Small Language Models (≤1B parameters) have:

  • limited capacity
  • smaller embedding layers
  • simpler attention
  • restricted context windows

This means they:

  • underfit fast (if dataset too small)
  • overfit fast (if dataset too repetitive)
  • reach their “optimal capacity” quickly

This is good news — your training cycles are shorter, faster, and easier to tune.

4. How to Detect Underfitting and Overfitting

Track training loss vs validation loss

ConditionTraining LossValidation Loss
Underfittinghighhigh
Overfittinglowhigh
Good Traininglowishlowish

If validation loss is higher than training loss and diverging, you’re overfitting.

Use a gold benchmark dataset

A small set of 50–200 high-quality examples
(never used in training)
lets you check generalization without ambiguity.

Inspect qualitative outputs

Overfit models:

  • repeat exact instructions
  • reuse specific training formats
  • output the same columns repeatedly

Underfit models:

  • output random formulas
  • skip logic
  • produce syntax errors

5. How to Prevent Underfitting

✔ Use enough training samples

For a domain like Excel:

  • 5,000 samples → minimum
  • 10,000–40,000 → ideal
  • 80,000+ → excellent for multi-task Excel SLMs

✔ Increase training steps

Most SLMs need:

  • 1,000–8,000 steps for small datasets
  • 10,000–40,000 steps for large datasets

✔ Increase model capacity a bit

A 700M or 1.3B model underfits less on messy datasets.

✔ Improve dataset consistency

Stable formatting reduces cognitive load on the model.

6. How to Prevent Overfitting

✔ Add variation

Don’t use the same column letters or values repeatedly.

✔ Use synthetic diversity

Even tiny changes prevent memorization:

  • random numbers
  • random labels (“North”, “West”, “Online”, “Active”)
  • different ranges
  • different delimiters

✔ Increase data size

More samples = better generalization.

✔ Use early stopping

If validation loss increases for 3–5 checkpoints → stop.

✔ Lower the learning rate

High LR can push the model into memorization.

7. How to Strike the Perfect Balance

Your SLM is properly trained when:

  • training loss is low
  • evaluation loss is also low
  • benchmark results are consistent
  • outputs vary appropriately
  • outputs generalize to unseen cases
  • no memorized patterns appear

This is the sweet spot — the point where the SLM understands the rules, not just the examples.
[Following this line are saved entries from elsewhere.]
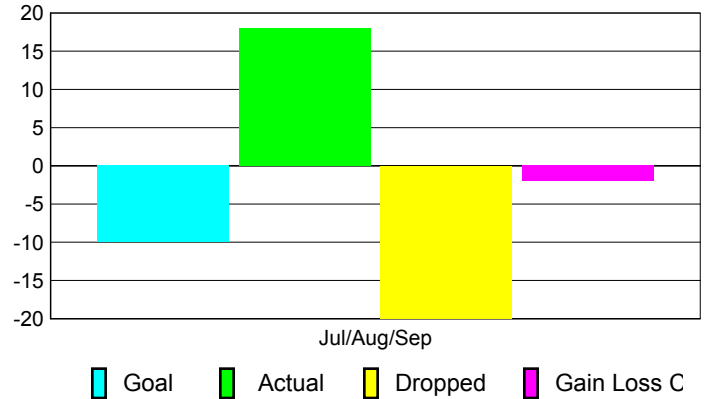

2010-2011 GMT Reports for District (or Undistricted) **District 20 E2**

GMT: **ED J LECIUS**

Location: **NEW YORK**

GMT CA: **1**

CLUBS

Club Results
2010-2011

Clubs
2009-2010

Month	New Club Goal	Actual New Clubs	Actual Dropped Clubs	Gain/Loss of Clubs	Gain/Loss of Clubs
Jul/Aug/Sep	0	0	0	0	0
Totals	0	0	0	0	0

Club Results 2010-2011

Goal, New, Dropped, Gain/Loss

MEMBERSHIP

Membership Results
2010-2011

Membership
2009-2010

Month	Net Memb Goal	Actual New Memb	Actual Dropped Memb	Gain/Loss of Memb	Gain/Loss of Memb
Jul/Aug/Sep	-10	18	-20	-2	6
Totals	-10	18	-20	-2	6

Membership Results 2010-2011

Goal, New, Dropped, Gain/Loss

Comparison of Club Gain/Loss

Current Year Compared to the Previous Year

Comparison of Membership Gain/Loss

Current Year Compared to the Previous Year
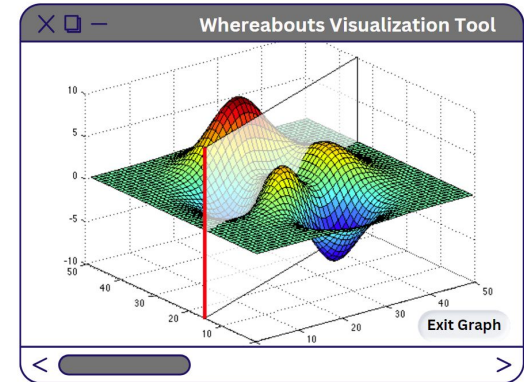

- Given a dataset of positions varied with time, use a set of tools to express the probability of the object existing at a given location in between any two samples (Generalize to chains of samples).
- Provide users with an interface that enables the user to enter queries and visualize results.

Plotted Data on a Map

Visualizing Whereabouts in Space

Ideation

- We utilized the Lotus Diagram
- To identify which web app framework to use, we researched what options were available/applicable
- We decided to use Vue Framework for the frontend, and Spring Boot for the backend

Promising Solution

- Data Visualization Web Application
- Allow users to input data sets
- Allow users to share visualizations of data
- Implement several algorithms
 - Necklace (3D Conical)
 - Bridgelet (2D Map Grid)

Recommended Settings for Granite-350M Excel SLM Training

✔ Dataset size

10k–80k examples

✔ Effective batch size

32–128 tokens (via gradient accumulation)

✔ Learning rate

1e-4 or 2e-4

✔ Sequence length

128–256 tokens

✔ Evaluation every

200–500 training steps

✔ Stop training when

Validation loss plateaus or increases

Conclusion

Overfitting and underfitting are two sides of the same challenge:
making sure your SLM learns just enough, but not too much.

If you monitor loss curves, maintain clean datasets, introduce variation, and evaluate regularly, you can train small models that:

  • generalize well
  • stay stable
  • avoid hallucination
  • and deliver accurate domain-specific behavior

Small models are powerful — but only when trained in balance.